A US astronaut and two Russian cosmonauts have reached the International Space Station (ISS) in record time.
Expedition 64 saw Kate Rubins, Sergey Ryzhikov and Sergey Kud-Sverchkov launch from the Baikonur Cosmodrome in Kazakhstan at 10.45am local time on Wednesday.
Three hours and three minutes later, their Soyuz MS-17 capsule docked with the ISS after just two orbits of the Earth.
Russian space agency Roscosmos said it was the “first time in history” that so few orbits were needed to reach the space station.
Before 2013, journeys to the ISS typically took around two days but improvements since then mean they now take around six hours.

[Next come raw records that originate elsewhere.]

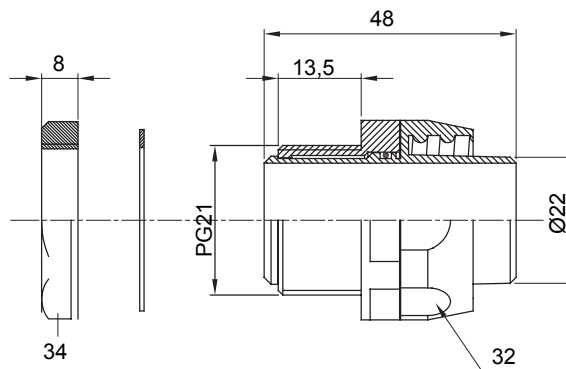

Raccordi guaina dritti o girevoli con grado di protezione IP54.

Colore	Nero RAL 9005	Grado di protezione	IP54
Passo PG	21	Guaina Ø (mm)	22
Tipo	Girevole	Codice Electrocod	210

DIMENSIONALE

SIMBOLOGIA TECNICA
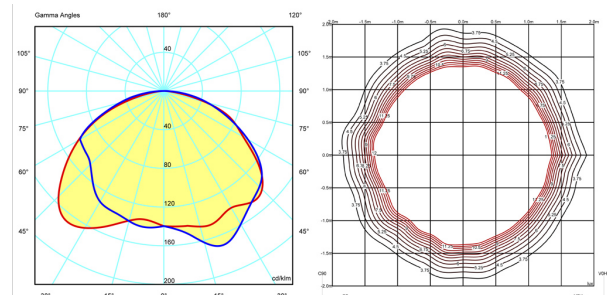

Fotometrische Daten

Spacecraft need to match the velocity and altitude of the space station before they can use small boosters to safely navigate the final few metres and attach to it.
Unfavourable conditions meant that the last crewed launch to the ISS, Demo-2, took an entire day to dock with the ISS after launch.
The latest trip was not just quicker than any crewed mission before it, but also any cargo mission.
The Soyuz capsule will remain attached to the ISS until 21 October, when it will be used to return Nasa astronaut Chris Cassidy and Russian cosmonauts Anatoly Ivanishin and Ivan Vagner back to Earth.
Next month marks the 20th anniversary of a continuous human presence aboard the ISS, as well as the arrival of four new additions: Nasa astronauts Victor Glover, Michael Hopkins, Shannon Walker and Japan’s Soichi Noguchi.
The foursome will launch aboard the SpaceX Crew-1 from US soil, lifted into orbit by the reusable Falcon 9 rocket.